At their third annual summit, India and Australia settle a stalemate over nuclear fuel and open a wider partnership across defense, critical minerals, space, and trade.

On July 9, 2026, Prime Minister Narendra Modi of India and Prime Minister Anthony Albanese of Australia signed an agreement in Melbourne that clears the way for Australia to sell uranium to India for its civilian nuclear program. The two leaders announced it as one of eighteen outcomes from their third annual summit, a package that also spans defense, critical minerals, clean energy, space, and trade. The uranium decision drew the most attention because it settles a question that had stayed open for more than a decade.

Prime Ministers of India and Australia, Photo courtesy: NDTV World

The Deal in Plain Terms
The arrangement sits under the 2015 Australia–India Nuclear Cooperation Agreement and allows long-term uranium exports for, in the words of the joint statement, “exclusively peaceful purposes.” What the two governments actually signed in Melbourne is the administrative arrangement beneath that treaty, the accounting and reporting framework that tracks where the material goes. Without it, no shipments could begin. Neither leader gave figures for how much uranium will ship, or when.  I expect that India will want to add Australia to its list of trusted uranium suppliers soon. The uranium will power India’s current reactors but in the longer run will be crucial for the county’s planned expansion of green nuclear energy.

Why it took so long
Australia holds about a third of the world’s known uranium reserves, yet for years it declined to sell any to India. The reason was India’s position outside the Nuclear Non-Proliferation Treaty. India tested a nuclear device in 1974 and 1999 and has never joined the treaty; Australia had supplied uranium only to countries that accept comprehensive international safeguards.
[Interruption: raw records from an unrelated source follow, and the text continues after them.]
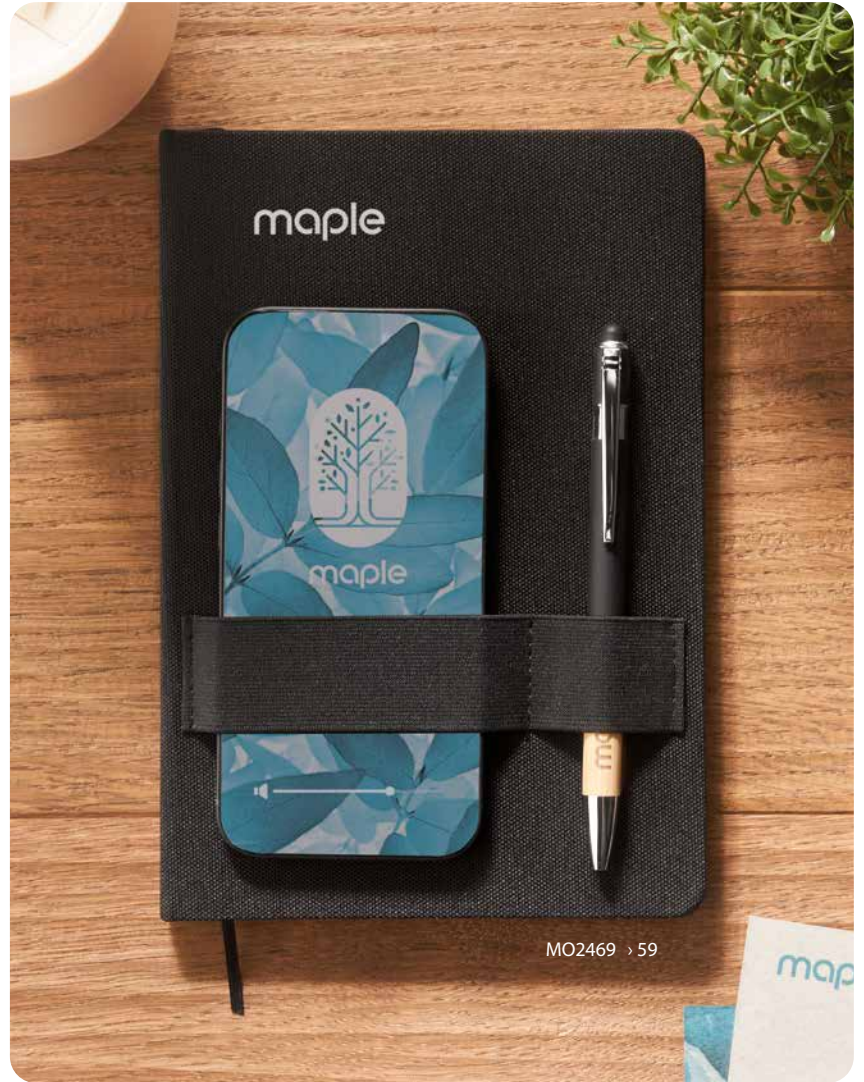

Take note

Stylish and practical, these notebooks feature recycled materials and built-in phone holders.
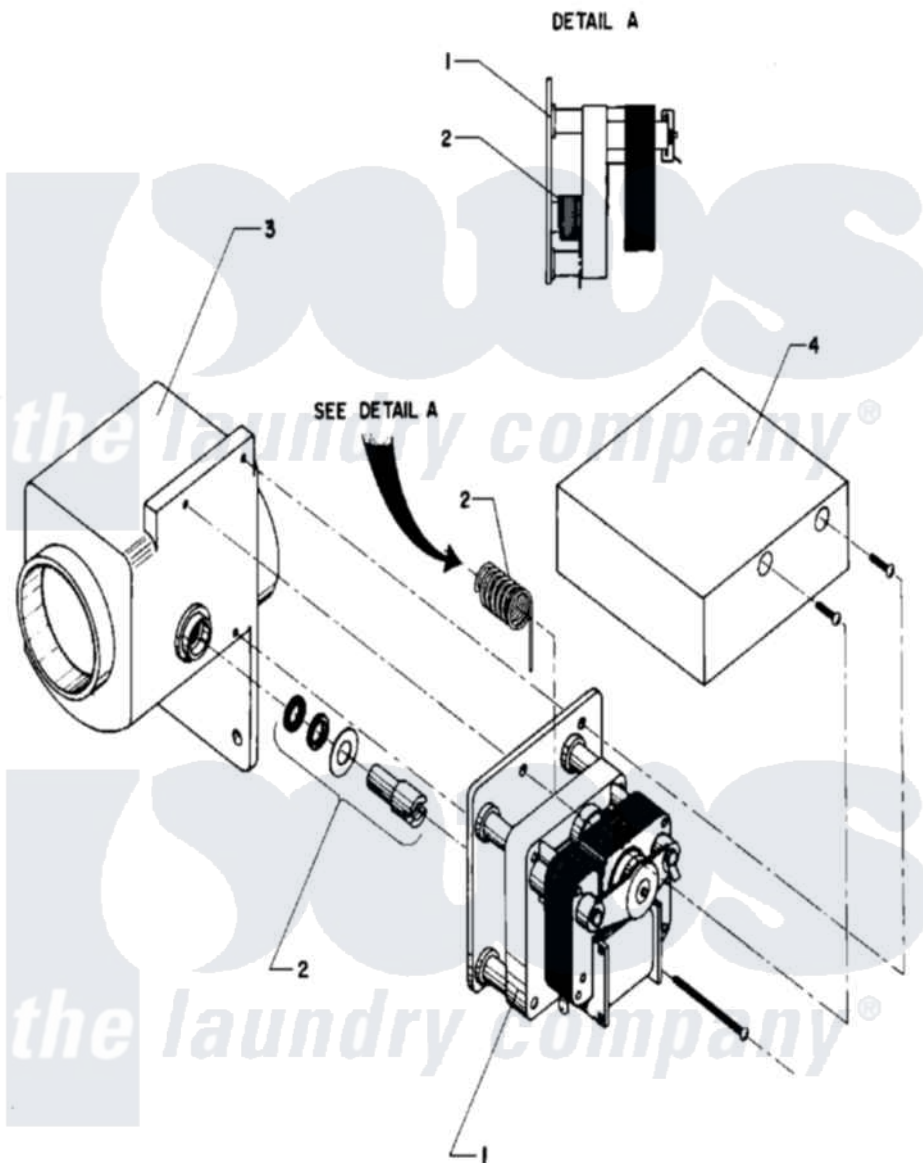

# Maytag AT50MC1 12 - DRAIN VALVE (AT50)

Maytag [Residential Maytag AT50MC1 Washer Parts](#) Parts Diagram 12 - DRAIN VALVE (AT50)  
 Click on the part number to view part

Item	Original Part Number	Replaced By	Status	Part Description
001	<a href="#">24001217</a>			Valve, Drain
"	<a href="#">24001530</a>			Valve, Motor Drain
002	<a href="#">24001528</a>			Shaft, Drive And Seal Kit
003	W10124350		Not Available	PART NOT USED
004	W10124350		Not Available	PART NOT USED

The politics began to shift after the Nuclear Suppliers Group granted India a waiver in 2008. Australia lifted its ban in 2011, the two countries signed a civil nuclear pact in 2014, and the 2015 treaty followed. Even then, the arrangement sat dormant, held up by differences over reporting and safeguards for nuclear material. The Melbourne signing resolved those technical points and let commercial supply proceed.

What India gains
India wants the uranium to help reach a target of 100 gigawatts of nuclear generating capacity by 2047. To put that in American terms, 100 gigawatts is roughly the size of the entire current U.S. nuclear fleet, so the plan amounts to building in about two decades what the United States assembled over more that half a century. The country still burns coal for most of its electricity and imports most  of its oil, so a dependable supplier of nuclear fuel gives planners a lower-carbon option they can count on. A steady source also reduces India’s exposure to the small group of countries that dominate today’s uranium trade.

The program in context
India has spent years separating its civilian and military nuclear facilities and placing the civilian reactors under international inspection, the framework that made the 2008 waiver and the later agreements possible. The uranium from Australia can feed only that safeguarded civilian side. Domestic reserves in India are limited and hard to mine, so the country has long leaned on imported fuel from suppliers such as Russia, Kazakhstan, and Canada. Australia now joins that group as one of the steadiest options available, and its entry may give India more room to negotiate on price and terms.

Other progress

On the economic side, the leaders launched an India-Australia Critical Minerals Corridor to secure supplies of lithium, cobalt, nickel, and rare earth elements, the inputs for electric vehicles, semiconductors, batteries, and advanced manufacturing. They also started the Australia-India Partnership on Cyber, Critical Technologies and Supply Chains, which targets supply-chain diversification, cyber security, and defense research. To back the commercial case, the pension manager AustralianSuper committed a further 500 million Australian dollars, about 330 million U.S. dollars, to India’s National Investment and Infrastructure Fund.  The two governments backed a temporary space-tracking terminal on Australia’s Cocos (Keeling) Islands to support India’s Gaganyaan human spaceflight program. They also agreed to fast-track a Comprehensive Economic Cooperation Agreement, the broad trade pact that would build on the earlier interim deal. If completed, it will be the most consequential piece of the economic relationship for companies operating between the two markets.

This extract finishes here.